# DATA EXTRACTS:
>>

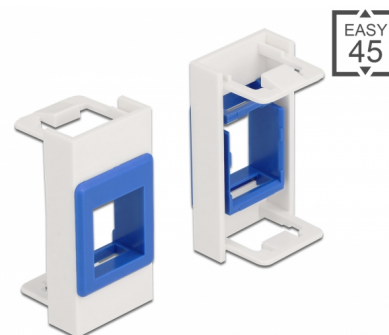

Delock Modul Easy 45 modulu Keystone, rozměru 22,5 x 45 mm, bílá / modrý

Popis

Tento modul Easy 45 značky Delock je určen k tomu, aby poskytoval držák Keystone. Normalizované rozměry umožňují snadnou montáž jednoho modulu Keystone zacvaknutím. Jednoduchý zaklapávací mechanismus zajišťuje, aby byl modul pevně na místě a aby bylo možno jej v případě potřeby snadno odstranit.

Přehledný a strukturovaný

Modul Easy 45 modulu Keystone je k dispozici v šesti různých barvách. To umožňuje barvami označovat a odlišit tak různé sítě nebo aplikace.

Spoje Easy 45

Easy 45 je proměnlivý modulární systém, který umožňuje dle potřeby přidávat komponenty jako například zásuvky, HDMI nebo USB připojení. Moduly Easy 45 jsou standardizované a lze je montovat na různé držáky modulů nebo do kabelovodů. Easy 45 tvoří rozhraní mezi elektrickou, síťovou a systémovou instalací a mnoha periferními zařízeními, jako například televizory, monitory, tiskárnami, laptopy a mnoha dalšími.

Číslo produktu 81357

EAN: 4043619813575

Země původu: China

Balení: Plastová taška se zipem

Technické detaily

- Jeden Keystone port 19,2 x 14,9 mm
- Materiál: PC plast
- Vhodný pro držák modulů Delock Easy 45
- Vhodný pro kabelovod 45 mm o minimální hloubce 45 mm
- Velikost modulu: 22,5 x 45 mm
- Rozměry (DxŠxV): cca. 22,5 x 45,0 x 22,0 mm
- Barva: bílá / modrý

Systémové požadavky

- Volný modulový port Delock Easy 45

Obsah balení

- Modul Easy 45

General

Mounting type:	Easy 45
----------------	---------

Physical characteristics

Materiál pouzdra:	Plastová
Délka:	22,0 mm
Width:	22,5 mm
Height:	45 mm
Barva:	bílá / modré
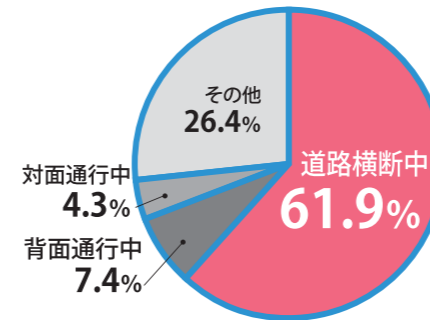

### みやぎ交通死亡事故<sup>ゼロ</sup>キャンペーン

宮城県内では交通死亡事故が多発しています。こうした状況を受け、宮城県と宮城県警察、河北新報社では「みやぎ交通死亡事故ゼロキャンペーン」を展開。交通死亡事故の抑止と飲酒運転根絶に向けて全力で取り組んでいます。大切な人を失うことが無いよう、絶対に交通事故を起こさない、遭わないことを誓い、一人一人の思いやりと行動で、交通死亡事故ゼロを目指しましょう。

# 交通死亡事故ゼロへ！

宮城県 × 宮城県警察 × 河北新報社 共同プロジェクト

## 横断歩行者妨害は違反です！

宮城県内の歩行者事故の発生割合

歩行者が犠牲となる事故死傷者の**6割以上** (714人中442人 61.9%)が、道路を横断中の事故です。  
(基礎データ：平成26年10月末)
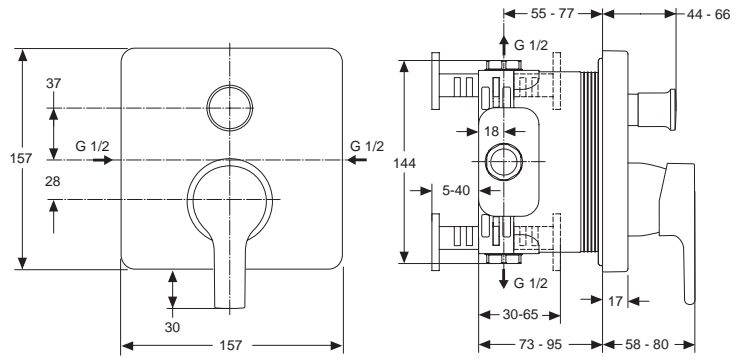

Baujahr: ab August 2009

<<

# WHAT THE TASK REQUIRES:
The answer must be the exact lines from the line with "### みやぎ交通死亡事故<sup>ゼロ</sup>キャンペーン" to the final line of the data, both ends included, with no pictures.

# SOLUTION FOR THIS EXERCISE:
### みやぎ交通死亡事故<sup>ゼロ</sup>キャンペーン

宮城県内では交通死亡事故が多発しています。こうした状況を受け、宮城県と宮城県警察、河北新報社では「みやぎ交通死亡事故ゼロキャンペーン」を展開。交通死亡事故の抑止と飲酒運転根絶に向けて全力で取り組んでいます。大切な人を失うことが無いよう、絶対に交通事故を起こさない、遭わないことを誓い、一人一人の思いやりと行動で、交通死亡事故ゼロを目指しましょう。

# 交通死亡事故ゼロへ！

宮城県 × 宮城県警察 × 河北新報社 共同プロジェクト

## 横断歩行者妨害は違反です！

宮城県内の歩行者事故の発生割合

歩行者が犠牲となる事故死傷者の**6割以上** (714人中442人 61.9%)が、道路を横断中の事故です。  
(基礎データ：平成26年10月末)

Baujahr: ab August 2009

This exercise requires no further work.